Other are skeptical, however, that this crisis will be buried under copious volumes of bumper grain harvests.

Brown says the first step is "to reduce the amount of US grain going into ethanol. In an effort to reduce our oil insecurity we have increased global food insecurity big time," he laments. He adds that both population growth and climate change will have to be stabilized to mitigate the affect of future food price shocks.

And then there is water. "We need to launch an international effort to raise water productivity in much the same way that in the 1950s we concentrated on raising land productivity," Brown says.

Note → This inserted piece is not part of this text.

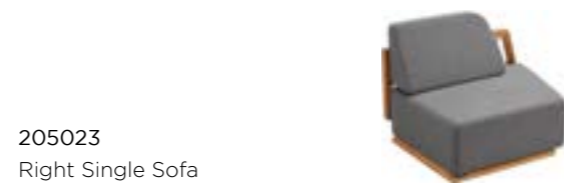

205023
Right Single Sofa
Size: 1050x880x765mm

Professor Grant calls for greater public funding for research into food technology. "Advances made by multinational companies [alone] are not trusted," he says, and governments need to step in, particularly in the area of genetically modified foods, which could promise greater yields.

Ms. Barry says that global trade rules need reforming to help developing countries maintain a range of tools that will benefit domestic farmers. "Decades of trade liberalization have removed trade policy tools from the hands of developing country governments, which essentially means they are in a more vulnerable position," she says.

And Lang agrees with Brown that water is a crucial factor: scarce, critical to production, yet woefully underpriced. In fact, he ventures a counterintuitive thought: "Our food prices are too cheap," he says, the current situation notwithstanding. "They do not include the full cost of production."

The current model that emerged from the dark days of the 1930s and '40s, he says, has led in many parts of the world to overproduction and overconsumption. As a result, he says, we're dealing with obesity, health problems, water stresses, environmental degradation, and contamination.

It's time, he says for a new agricultural model, based on different standards of excellence: nutritional content, carbon footprint, water use, land use, biodiversity, animal welfare, social justice, and locally grown produce. "I can get green beans at Tesco [a British grocery chain] from Kenya, but each one has four litres of 'embedded water' from a water-stressed country," he says. "That is a disaster. I think that water should stay in Kenya."